“Software is like entropy: It is difficult to grasp, weighs nothing, and obeys the Second Law of Thermodynamics; i.e., it always increases.” — Norman Augustine

Welcome everyone, this is your host Nikhil Maan aka Sc0rpi0n101 and we will talk all about the Fortran Parser this week. I have passed the second evaluation and Fortran Parser pull request is complete.

The Week


This week began with me working on the C parser to finalize that. The Fortran Parser was passing all the tests except one. Then, I and the mentors focused on the Fortran parser and finishing the debugging before moving on to the C parser. So, the rest of the week was spent on debugging the Fortran parser and getting it to pass al the tests.

Fortran Parser

Grandma Fortran Meme

The Fortran Parser has finally been completed and the Pull Request passes all the tests. The sub-module fortran of SymPy’s parsing module contains the implementation for the Parser in SymPy. The module will only handle the beck-end operations of Expression conversions and will not have any part to play in the Application Program Interface(API).

Fun Fortran

The module consists of a Visitor Class ASR2PyVisitor which handles visiting the Abstract Syntax Representation(ASR) for the Fortran source code. The ASR is generated by LFortran and it’s API is used to extract the ASR and visit its nodes. The different nodes present are processed and converted into the respective nodes in SymPy’s Codegen AST. The nodes are stored in a list chronologically.

The list is then stored as a SymPy Expression object to be used in SymPy.

SymPy Expression


The SymPyExpression class is a part of the sym_expr module in SymPy’s Parsing module. It handles the API and all the interactions of the expressions present.

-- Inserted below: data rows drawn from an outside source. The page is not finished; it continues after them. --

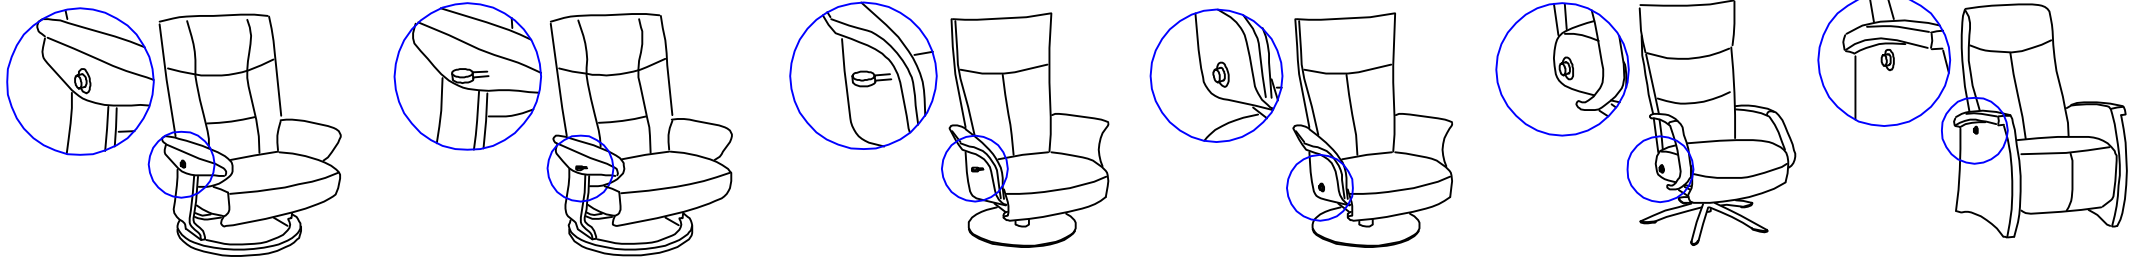

# Model Beltra

Gebruiksaanwijzing Fauteuil relaxfunctie manueel

NL - Knop of hendel om de rugverstelling te gebruiken  
GB - Button or handle to use gas spring in the back

NL - Gebruik deze knop voor de rugverstelling  
GB - Push this button to use 'gas spring' function in the back

NL - Duw de rug naar achteren om de voetensteun te gebruiken  
GB - Push the back to use manual function of the footstool
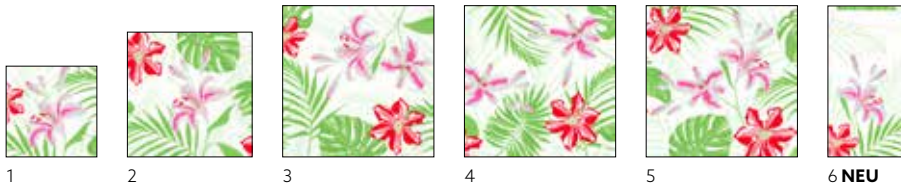

TROPICAL LILY
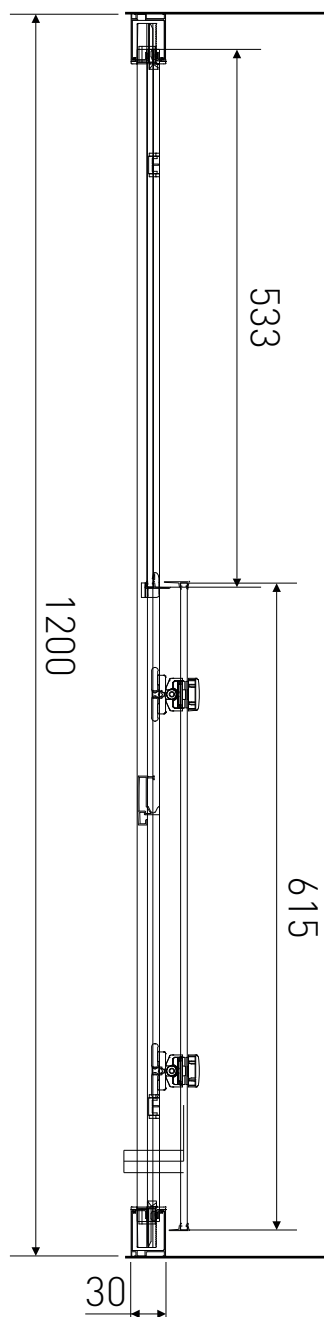

# Technický výkres výrobku

VÝROBCE	
OZNAČENÍ	LAN03050
TYP	sprchové dveře, posuvné
MONTÁŽNÍ OTVOR	1160-1200 mm
VÝŠKA	1900 mm

The class is initialized either by providing the source code and mode as attributes which are used to generate the expressions from the provided source code. The class can be initialized without any source code and an empty list of expressions is created. Expressions can also be generated using convert_to_expr. The expressions can be converted to different languages’ source code using the provided functions like convert_to_c, convert_to_python, and convert_to_fortran.

Travis Tests


Travis was set up for the parser and LFortran was packaged for conda-forge so that it could be installed in Travis. After completing the setup and installation, the build was passing most of the tests except one. The failing test was the sphinx test which was not able to identify SymPyExpression when lfortran was not installed. Multiple fixes were tried and the best solution was to use the decorator doctests_depend_on.

Then, after that test was fixed and started passing, another test started failing. The build report showed the source of the error unrelated to changes in the pull request. A few of the last commits were reverted and rewritten and the test started passing. The error just vanished in thin air, I couldn’t figure out why it occurred and what the source of error was.

The C Parser

Pull Request testing

Now that the Fortran Parser is completely ready to be merged, it’s time to finalize the C Parser pull request. I have been adding sym_expr to the C parser and modifying the parser to be compatible with SymPyExpression. I have also started adding some expression comparison tests for the parser.

The most important requirement right now is to get clang installed in Travis for the tests and revise the documentation.

The Meeting


The meeting took place at the regular time this week and the problems with the Fortran parser were discussed. The Travis builds and the tests were discussed. The tests that passed and the new error were discussed and different ways to fix the errors were also discussed. Most of the meeting was focused on finishing the work in progress which was the Fortran Parser, then shift the focus to the C parser.